Data extracted from a collection
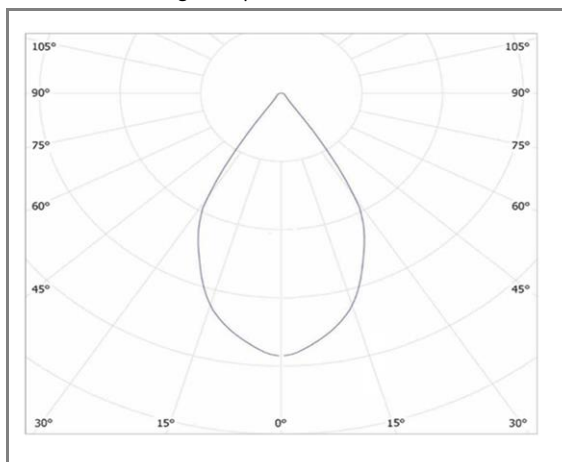

HINA

FASA-218-24WW

Applique extérieure cylindrique noire - Up & Down

Caractéristiques techniques

Puissance (W)	24 W	(2*12W)
Température (K)	3000 K	
Flux lumineux (Lm)	1760 Lm	
Ratio (Lm/W)	73 Lm/W	
Type de LED	COB	
Dimensions (mm)	Ø102* 122*H250mm	
Encastrement (mm)	/	
Angle diffusion (°)	Angle 60°	
Classe électrique	Classe I	
Indice de protection	IP65	
SDCM (Standard Deviation Colour Matching)	< 3	
Résistance aux chocs	IK10	
IRC (Indice de rendu couleur)	> 90	
Eblouissement	UGR<19	
Température de fonctionnement	-20~40°C	
Maintien du flux	L80-B10 à 50 000h	
Durée de vie	50 000h	
Durée de garantie	3 ans	

Courbe Photométrique

Angle 60°

Autres angles disponibles : 15° - 24° - 38°

Matériaux et finitions

Couleur de finition	Noir
Composition	Aluminium & Polycarbonate
Poids	NC

Driver

Marque	NC
Variation	NON
Tension d'alimentation	230V AC
Intensité courant	NC
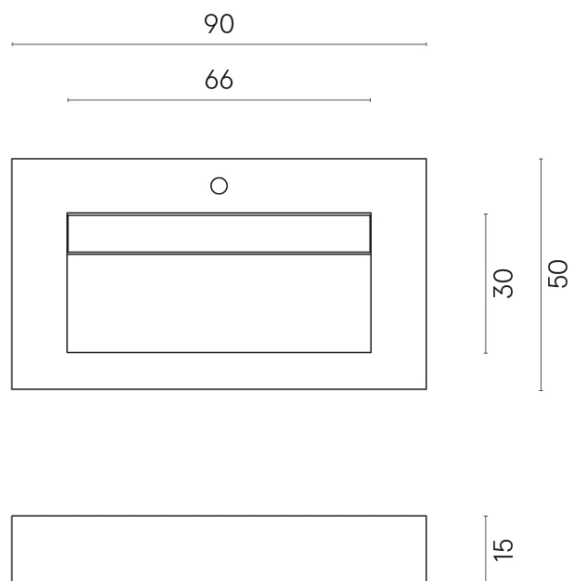

SCHEDA DI CONFIGURAZIONE

Cod. art.: 620810000011

Fly Evo

Washbasin 90

Rivestimento del
prodotto
Surface Corten Matt

I colori e le altre caratteristiche estetiche delle piastrelle presenti nelle illustrazioni presenti sul sito sono puramente indicativi. Guarda sempre i campioni di persona prima dell'acquisto.
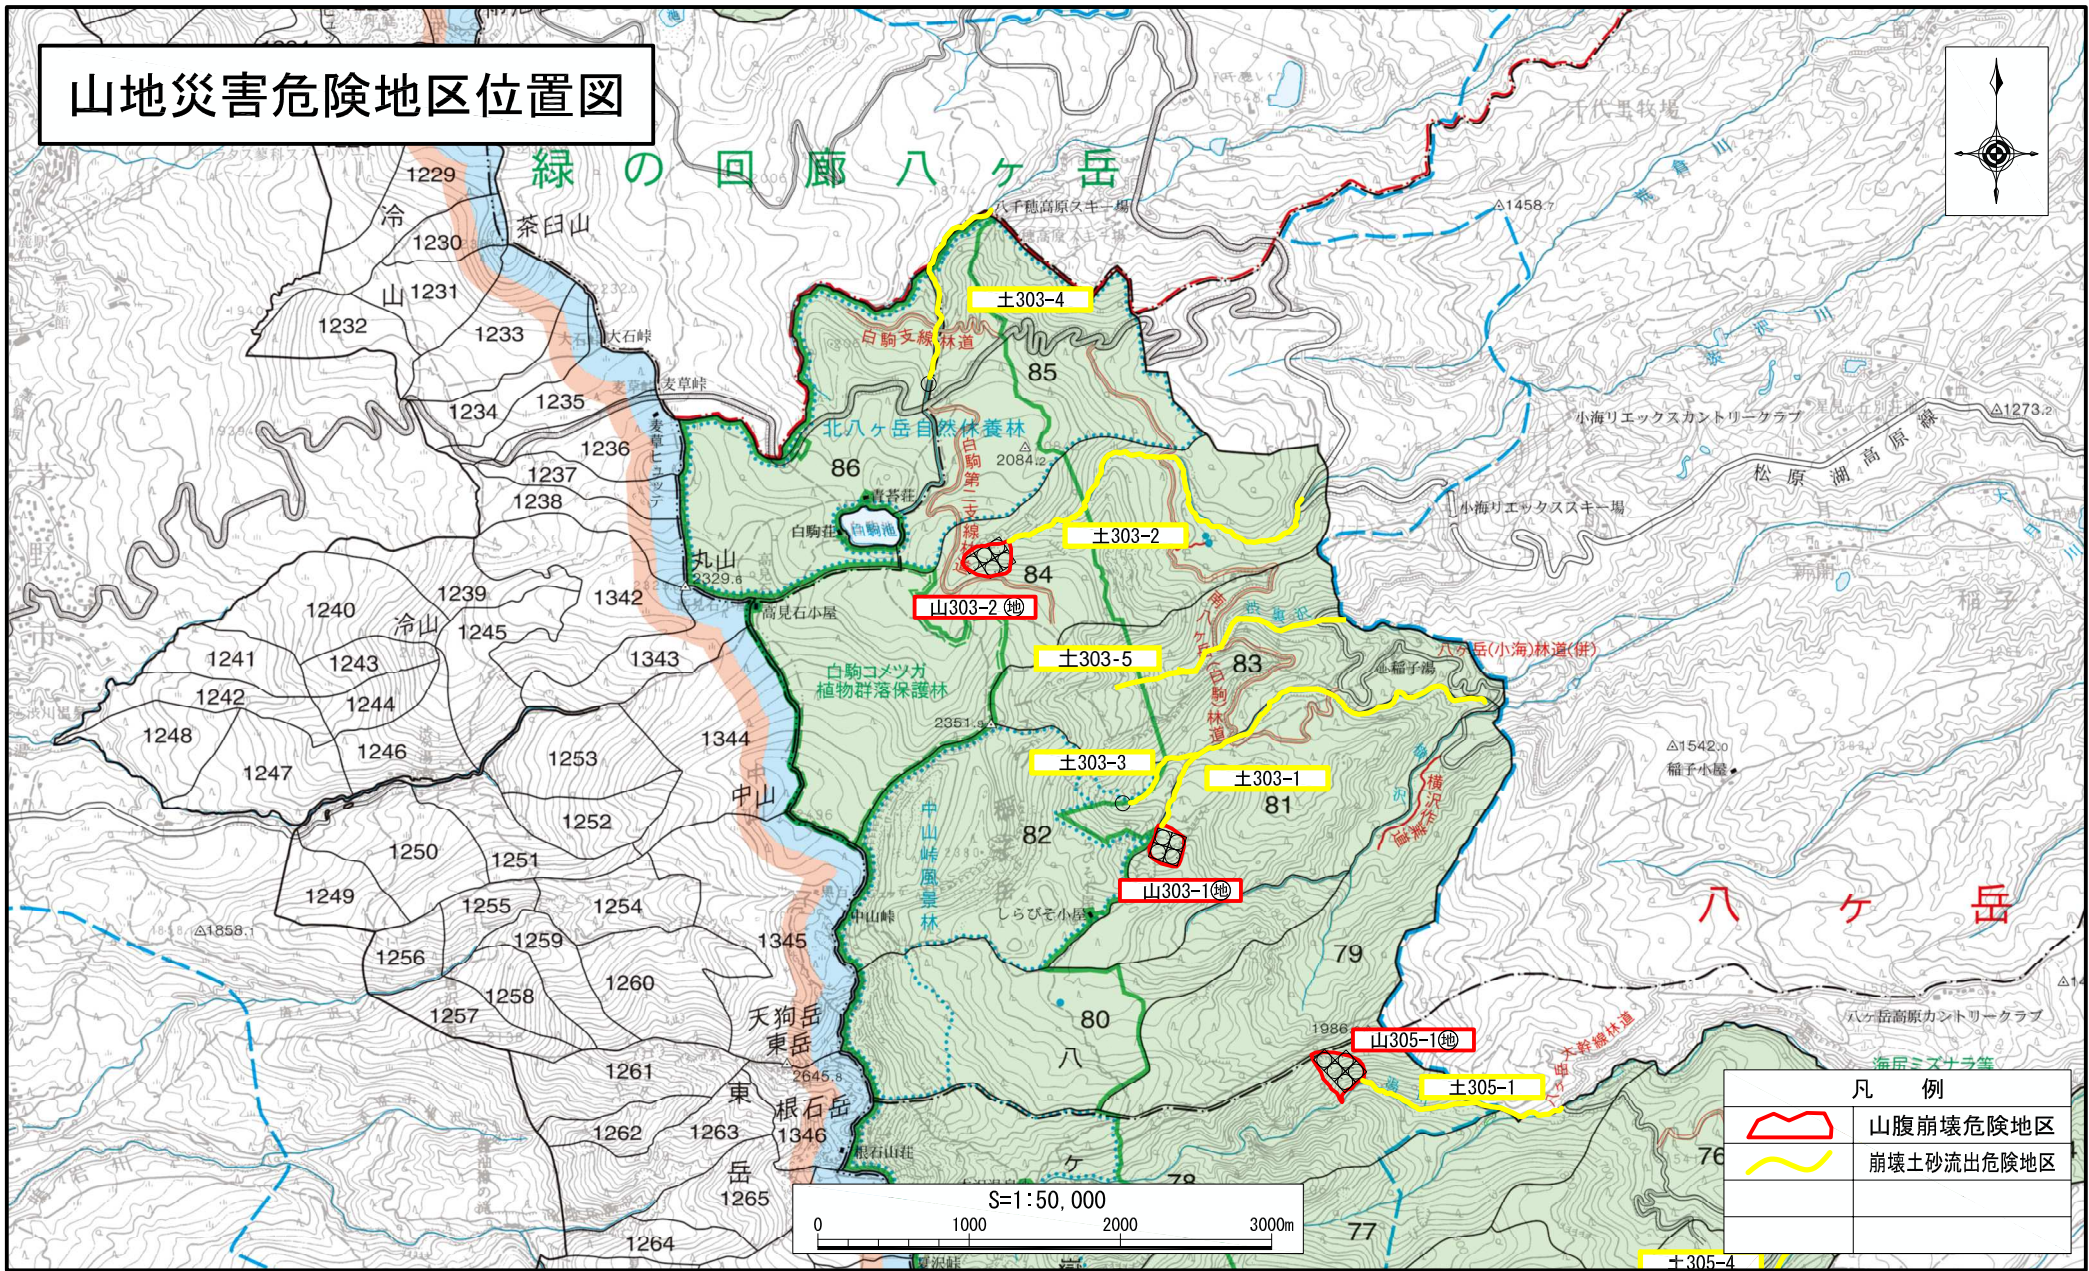

山地災害危険地区位置図

緑の回廊 八ヶ岳

凡 例	
	山腹崩壊危険地区
	崩壊土砂流出危険地区

▶ [Work to be completed] Excluding the pictures, restate the records above word for word.

▶ [Output of the task]
HINA

FASA-218-24WW

Applique extérieure cylindrique noire - Up & Down

Caractéristiques techniques

Puissance (W)	24 W	(2*12W)
Température (K)	3000 K	
Flux lumineux (Lm)	1760 Lm	
Ratio (Lm/W)	73 Lm/W	
Type de LED	COB	
Dimensions (mm)	Ø102* 122*H250mm	
Encastrement (mm)	/	
Angle diffusion (°)	Angle 60°	
Classe électrique	Classe I	
Indice de protection	IP65	
SDCM (Standard Deviation Colour Matching)	< 3	
Résistance aux chocs	IK10	
IRC (Indice de rendu couleur)	> 90	
Eblouissement	UGR<19	
Température de fonctionnement	-20~40°C	
Maintien du flux	L80-B10 à 50 000h	
Durée de vie	50 000h	
Durée de garantie	3 ans	

Courbe Photométrique

Angle 60°

Autres angles disponibles : 15° - 24° - 38°

Matériaux et finitions

Couleur de finition	Noir
Composition	Aluminium & Polycarbonate
Poids	NC

Driver

Marque	NC
Variation	NON
Tension d'alimentation	230V AC
Intensité courant	NC

SCHEDA DI CONFIGURAZIONE

Cod. art.: 620810000011

Fly Evo

Washbasin 90

Rivestimento del
prodotto
Surface Corten Matt

I colori e le altre caratteristiche estetiche delle piastrelle presenti nelle illustrazioni presenti sul sito sono puramente indicativi. Guarda sempre i campioni di persona prima dell'acquisto.

山地災害危険地区位置図

緑の回廊 八ヶ岳

凡 例	
	山腹崩壊危険地区
	崩壊土砂流出危険地区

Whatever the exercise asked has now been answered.